Mongolia: Driving Under The Influence Of Gobi Dust
By Michael Roberts
Just before 6 AM we hear the only sounds of the night: two birds flying by, the heavy flap-flap of their wings informing us of the coming sun. I lie awake in my sleeping bag and am comforted that the cold night is over. I lift my head and glance to the left and see my friends’ two-person tent and a Mitsubishi van. Enkhe whispers to me in Mongolian.
He comes over and sits down next to me barefoot in a tank top and jeans, and we watch the red sun peak over the horizon, igniting the Gobi desert. We sit in silence as sand, shrubs, camels off in the distance, and another long day of driving appear before our eyes. Last night was clear and beautiful, and Enkhe, Jesse, Alexis, and I fell asleep as we watched for shooting stars. I wonder when I will see such a night again.

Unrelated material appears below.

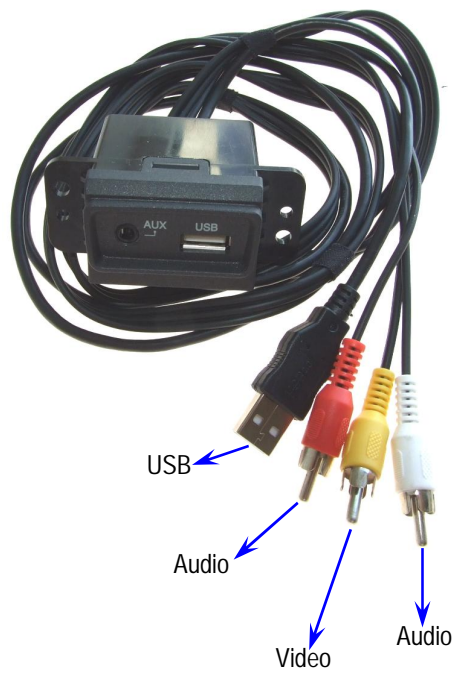

CA-1101-01:

After a few minutes, the sun is a big shiny egg yoke above the horizon. Enkhe goes off on a walk, and I slip out of my bag, dress, brush my teeth, and go looking for my morin khuur, a two-stringed folk instrument that I have spent the past year learning how to play. I find it in the back of the car on top of a spare tire; the black carrying case is covered in a thick serving of Gobi dust.
I play a tune that I was working on when I left Ulaan Baatar, the capital of Mongolia; and the tent shows signs of life. Enkhe soon returns, and we pack up our belongings in the white Mitsubishi and hit the road. It is only 7:30 AM, and the sun already feels hot on this cloudless September day.
I ask Enkhe, our driver, mechanic, guide and spiritual leader, if he knows where we are.
“I think we’re getting close to Ulaan Badrakh, but I really don’t know," he says. "Look at the map.”
I look at the map and find Ulaan Badrakh, the closest stop for gasoline, and realize that Enkhe is right. Sort of. The road we are driving on appears to not exist. But we are driving east, towards the sunrise; and while we both think we are OK for the time being, Enkhe wants to stop at the next ger (a traditional felt tent) and ask for directions.
These ger stops have become commonplace since we left Ulaan Baatar six days ago and immediately got lost. Finally, all this pointing at the map and speaking in Mongolian has gotten the attention of the back seat.
“What are you guys talking about?” Alexis asks.
“We think we know where we are, but we’re going to stop and ask anyway—I’m pretty sure Enkhe just wants to stop and get more airag.”
Alexis winces at the mention of airag, slightly alcoholic mare’s milk that is brewed throughout Mongolia in the summer months. Alexis, a strict vegan, tried airag once; and she turned green and spent the next hour in the bathroom.
We stop and ask some nomads if we are on the right track, and they tell us that we are. Within minutes we get lost, back track, ask directions again, and find the correct route. There are plenty of dirt roads in this area and very few signs. Mongolians measure distances in terms of mountain passes; so it is difficult to determine how close we are to our destination.
As the sun continues to rise in the sky, we feel the pangs of hunger. Enkhe stops the car in the middle of the dirt road (confident that no one else will come by), and we cook rice and beans.
It is midday and 105° Fahrenheit, and the heat distorts our view of the surrounding area. Flat, shrubby, brown desert extends out on all sides interrupted an occasional ger, camels, and some rocky hills. After a quick meal we are thankful to be back in the car and out of the sun.